§ WHAT IS EXPECTED:
The result should be every line in the material below containing the string "tête".

§ EXERCISE INPUT:
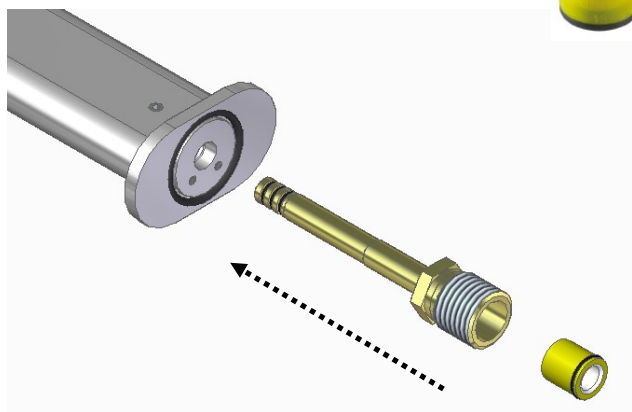

Wall-mtd. shower-head

Douche de tête mural

Wand Kopfbrause

SCAN TO WATCH
Treemme_tech

Certified to
NSF/ANSI 61

FR

On recommande de purger les tubes d'alimentation avant de placer le produit

IT

Soffione a parete anticalcare
 Anti-limescale shower-head
 Douche de tête anticalcaire
 Antikalk Kopfbrause mit Arm

1

2

Direction flow

3

4

5

6
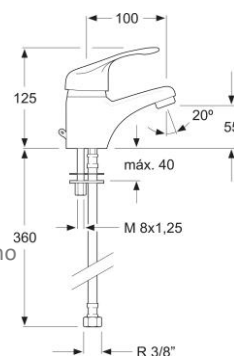

0210101

Monomando para lavabo cromo

Ø35SF M24X1 1/10-37 C-S

0210101VA

Monomando para lavabo c/ válvula automática cromo

Ø35SF M24X1 1/10-37 C-S V.A.

Opcional

0210501

Monomando para bidet cromo

Ø35SF M24X1 1/10-37 C-S

0210501VA

Monomando para bidet con válvula automática cromo

Ø35SF M24X1 1/10-37 C-S V.A.

Opcional

0211301

Monomando para ducha cromo

Ø35SF EXC

0211301CE

Monomando para ducha con equipo completo cromo

Ø35SF EXC Flexo Soporte Mango

Opcional

0210901

Monomando para baño - ducha cromo

Ø35SF M24X1 EXC

0210901CE

Monomando para baño- ducha c/ equipo completo cromo

Ø35SF M24X1 EXC Flexo Soporte Mango

Opcional

§ TASK OUTPUT:
Douche de tête mural
 Douche de tête anticalcaire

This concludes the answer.